From the entries below, pull out each line where "Forwarding" appears.

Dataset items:
>>>>
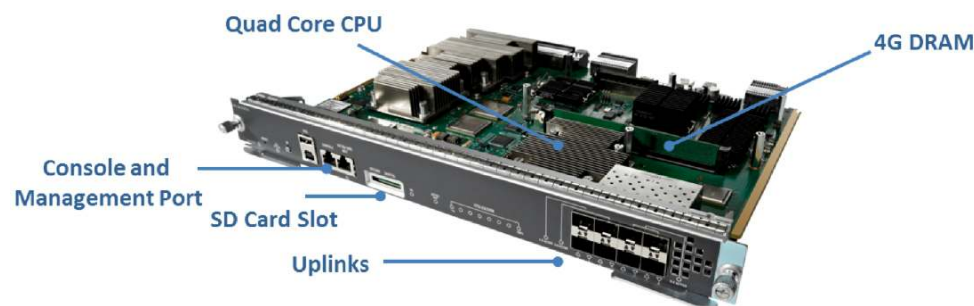

Introducing Cisco Catalyst 4500E Supervisor Engine 8-E with Wired and Wireless Convergence

PB728329

Overview

The new Cisco® Catalyst® 4500E Supervisor Engine 8-E (Figure 1) extends one policy, one management, one network to the world's most widely deployed modular access switch. This brings convergence of wired and wireless networks on a single platform while providing unprecedented investment protection. It ushers in a new converged architecture that is simple, resilient, and secure.

Figure 1. Cisco Catalyst 4500E Supervisor Engine 8-E

Converged Wired and Wireless Access

The Cisco Catalyst 4500E Switch with Supervisor Engine 8-E is an extremely scalable and feature-rich modular access platform built to meet current and future network demand, including gigabit desktop and 802.11ac wireless:

- Built-in wireless controller with single software image for wired and wireless infrastructure
- Delivery of up to 928 Gbps system bandwidth and nonblocking 48 Gbps per slot
- Support for up to 20 G wireless throughput, 50 access points, and 2000 wireless clients on a single system and 250 access points and 4000 clients for multiswitch controllerless deployment
- Eight nonblocking 10 Gigabit Ethernet (Small Form-Factor Pluggable Plus [SFP+]) future-proofed uplinks with field-programmable gate array (FPGA) devices to support next-generation protocols
- Ability of 4500E chassis with Supervisor Engine 8-E to scale up to 384 Gigabit copper ports, 200 Gigabit fiber ports, or 104 10 Gigabit ports in non-VSS mode

Infrastructure Services

- Maximum resiliency with redundant components, Nonstop Forwarding/Stateful Switchover (NSF/SSO), and Cisco In-Service Software Upgrade (ISSU) support
- Network virtualization through Multi-Virtual Route Forwarding (VRF) and Easy Virtual Networking (EVN) technology for Layer 3 segmentation
- Power over Ethernet Plus (PoE+; 30 W) and Cisco Universal PoE (UPOE; 60 W) capabilities on all line-card slots
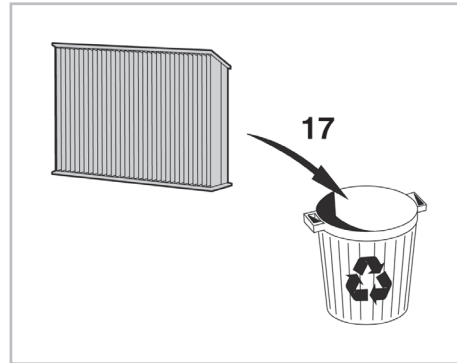

PROTECT

combined with active carbon

FOR
NISSAN
RENAULT

JUKE A/C+ (07/10 >)
FLUENCE A/C+ (02/10 >)

715722

FH349

CA

WANT TO KNOW MORE?
<<<<
YOUR RESPONSE:
- Maximum resiliency with redundant components, Nonstop Forwarding/Stateful Switchover (NSF/SSO), and Cisco In-Service Software Upgrade (ISSU) support
- Network virtualization through Multi-Virtual Route Forwarding (VRF) and Easy Virtual Networking (EVN) technology for Layer 3 segmentation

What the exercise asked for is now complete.